◆ Required work
Would you copy the lines below exactly and omit the images?

◆ Data below
_ _ _ _

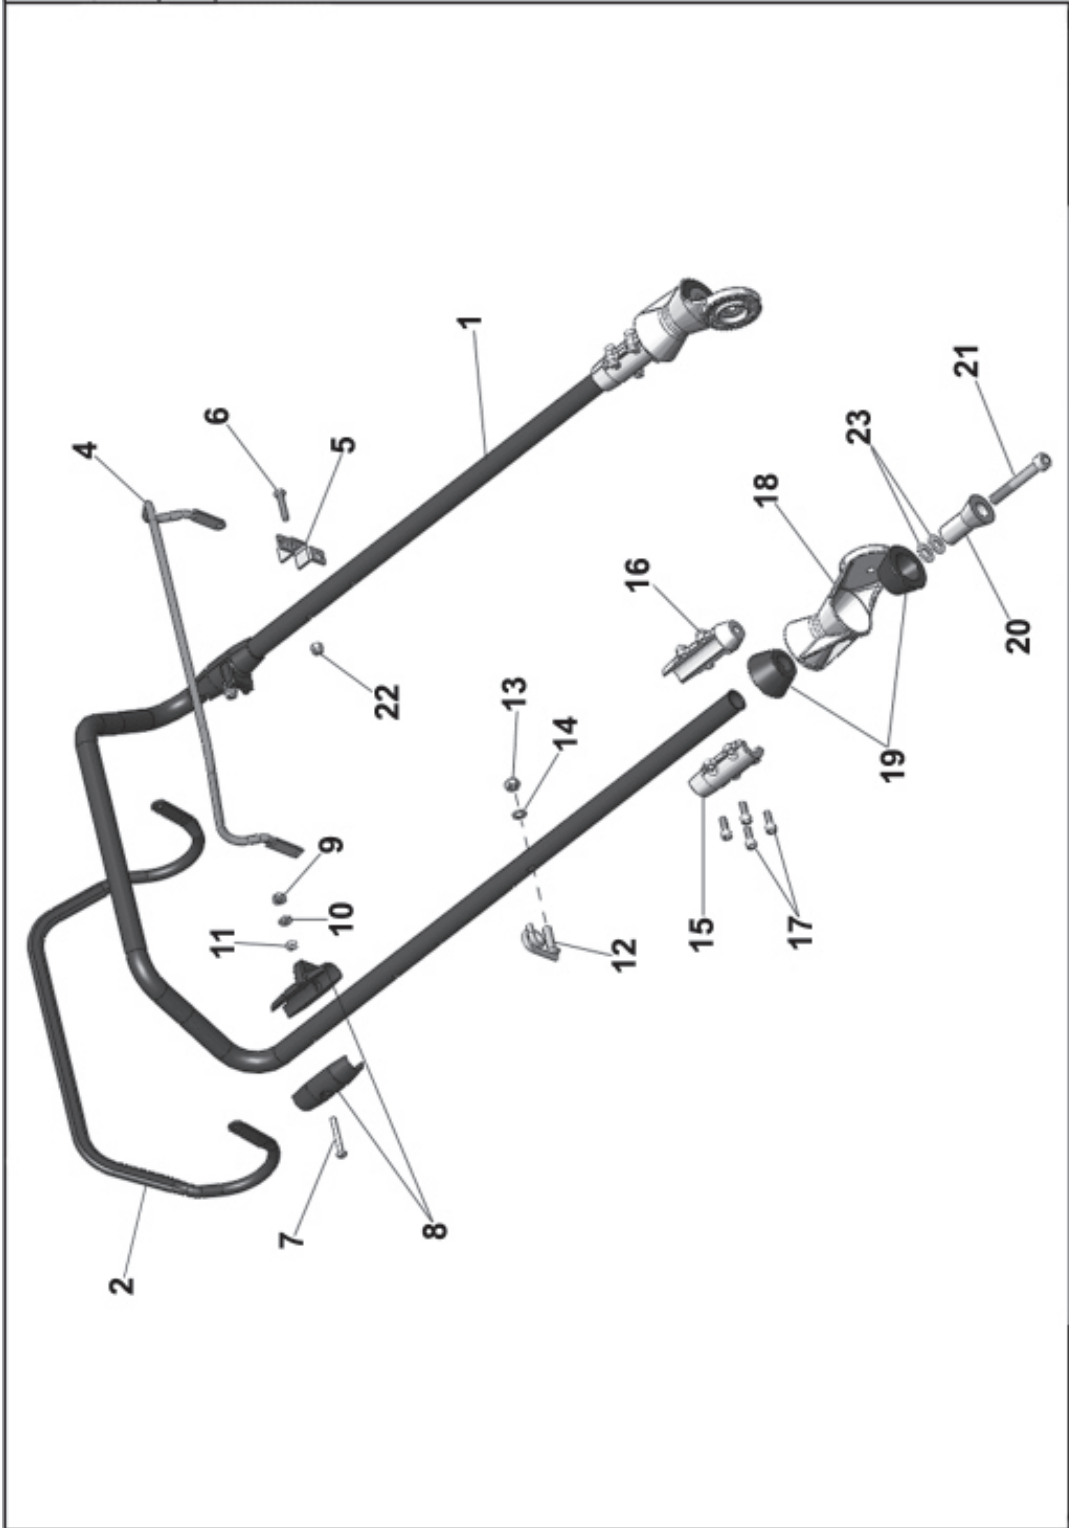

Manubrio - Mancheron - Upper Handle

MANUBRIO MULCHING
2015-2017

_ _ _ _

◆ Finished exercise
Manubrio - Mancheron - Upper Handle

MANUBRIO MULCHING
2015-2017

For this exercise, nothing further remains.